◆ **Supplied data**
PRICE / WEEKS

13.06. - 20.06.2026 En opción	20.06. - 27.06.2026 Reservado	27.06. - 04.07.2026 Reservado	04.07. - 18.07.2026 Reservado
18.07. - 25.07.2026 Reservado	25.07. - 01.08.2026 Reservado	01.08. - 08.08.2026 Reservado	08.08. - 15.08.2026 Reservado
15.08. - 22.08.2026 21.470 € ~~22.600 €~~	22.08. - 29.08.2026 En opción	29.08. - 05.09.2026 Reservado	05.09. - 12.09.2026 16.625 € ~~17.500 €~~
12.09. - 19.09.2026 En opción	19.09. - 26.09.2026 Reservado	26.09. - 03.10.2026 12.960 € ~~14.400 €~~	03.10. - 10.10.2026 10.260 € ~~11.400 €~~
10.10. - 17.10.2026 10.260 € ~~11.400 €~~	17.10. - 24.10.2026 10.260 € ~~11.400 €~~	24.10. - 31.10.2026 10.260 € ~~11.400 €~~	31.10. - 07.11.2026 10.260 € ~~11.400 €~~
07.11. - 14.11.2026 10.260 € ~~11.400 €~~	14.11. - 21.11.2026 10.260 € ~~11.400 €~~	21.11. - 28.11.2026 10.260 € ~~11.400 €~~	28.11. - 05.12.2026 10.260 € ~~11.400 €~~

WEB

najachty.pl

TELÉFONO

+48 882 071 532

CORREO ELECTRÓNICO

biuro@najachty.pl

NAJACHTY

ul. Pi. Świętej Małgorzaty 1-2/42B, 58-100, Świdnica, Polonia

==

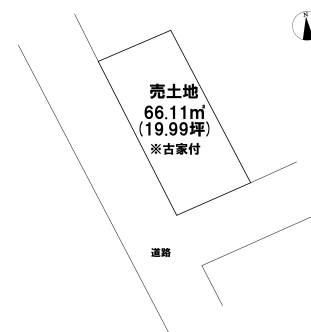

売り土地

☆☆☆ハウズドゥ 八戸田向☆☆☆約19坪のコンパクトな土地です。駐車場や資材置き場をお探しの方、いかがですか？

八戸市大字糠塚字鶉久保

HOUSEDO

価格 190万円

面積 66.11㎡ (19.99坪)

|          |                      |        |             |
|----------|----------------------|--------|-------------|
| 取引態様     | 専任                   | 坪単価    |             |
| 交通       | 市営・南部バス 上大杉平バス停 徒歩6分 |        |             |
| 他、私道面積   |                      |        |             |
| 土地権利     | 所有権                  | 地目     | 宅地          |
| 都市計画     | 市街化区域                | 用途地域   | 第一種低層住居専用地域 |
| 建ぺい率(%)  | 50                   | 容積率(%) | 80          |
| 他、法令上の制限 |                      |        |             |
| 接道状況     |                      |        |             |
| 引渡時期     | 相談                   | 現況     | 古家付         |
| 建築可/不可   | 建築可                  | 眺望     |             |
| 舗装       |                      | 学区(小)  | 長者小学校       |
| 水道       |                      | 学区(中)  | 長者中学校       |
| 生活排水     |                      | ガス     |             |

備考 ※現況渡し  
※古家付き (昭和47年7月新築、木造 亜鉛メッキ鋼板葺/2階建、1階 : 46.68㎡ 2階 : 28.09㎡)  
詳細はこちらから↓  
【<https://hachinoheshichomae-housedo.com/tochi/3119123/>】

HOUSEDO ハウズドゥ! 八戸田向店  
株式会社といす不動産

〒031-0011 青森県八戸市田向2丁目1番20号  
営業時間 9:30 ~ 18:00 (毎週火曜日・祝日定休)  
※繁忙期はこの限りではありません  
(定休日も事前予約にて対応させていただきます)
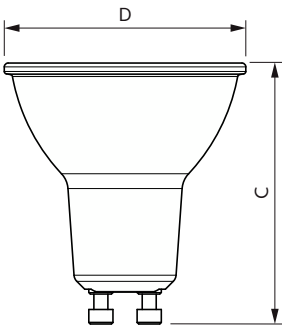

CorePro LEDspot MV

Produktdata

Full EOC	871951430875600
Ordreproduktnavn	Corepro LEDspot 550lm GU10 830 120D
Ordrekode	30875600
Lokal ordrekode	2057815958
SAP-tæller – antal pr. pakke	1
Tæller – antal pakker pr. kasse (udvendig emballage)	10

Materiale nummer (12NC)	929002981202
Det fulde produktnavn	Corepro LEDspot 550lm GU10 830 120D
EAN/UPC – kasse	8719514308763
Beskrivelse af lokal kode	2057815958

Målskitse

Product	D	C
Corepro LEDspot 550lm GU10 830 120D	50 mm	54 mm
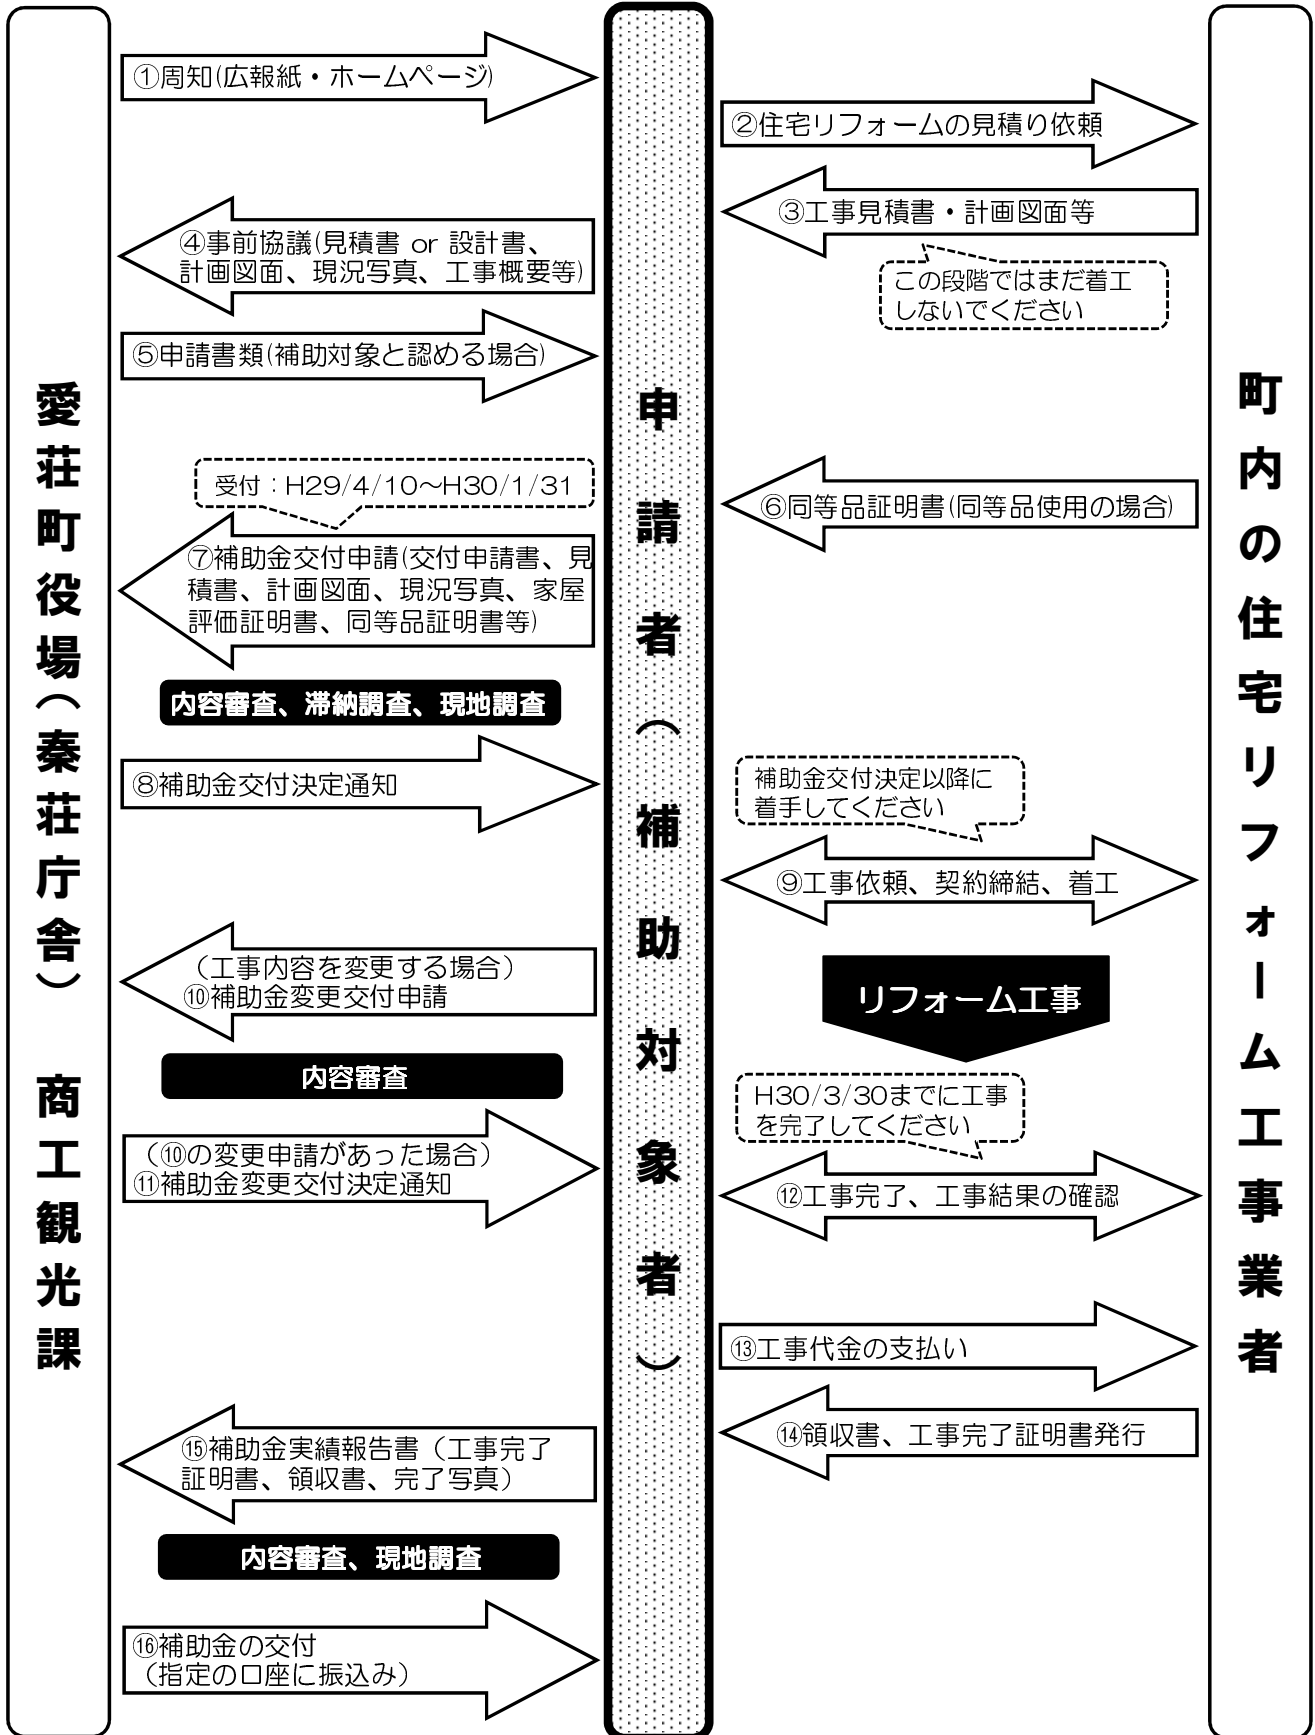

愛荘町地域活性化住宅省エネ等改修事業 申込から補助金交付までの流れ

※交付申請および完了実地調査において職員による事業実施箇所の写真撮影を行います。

◆ **Your goal**
Retype exactly the span of lines from the one with "PRICE / WEEKS" through the one with "18.07. - 25.07.2026"; include both ends and omit the rest of the material.

◆ **Answer to this task**
PRICE / WEEKS

13.06. - 20.06.2026 En opción	20.06. - 27.06.2026 Reservado	27.06. - 04.07.2026 Reservado	04.07. - 18.07.2026 Reservado
18.07. - 25.07.2026 Reservado	25.07. - 01.08.2026 Reservado	01.08. - 08.08.2026 Reservado	08.08. - 15.08.2026 Reservado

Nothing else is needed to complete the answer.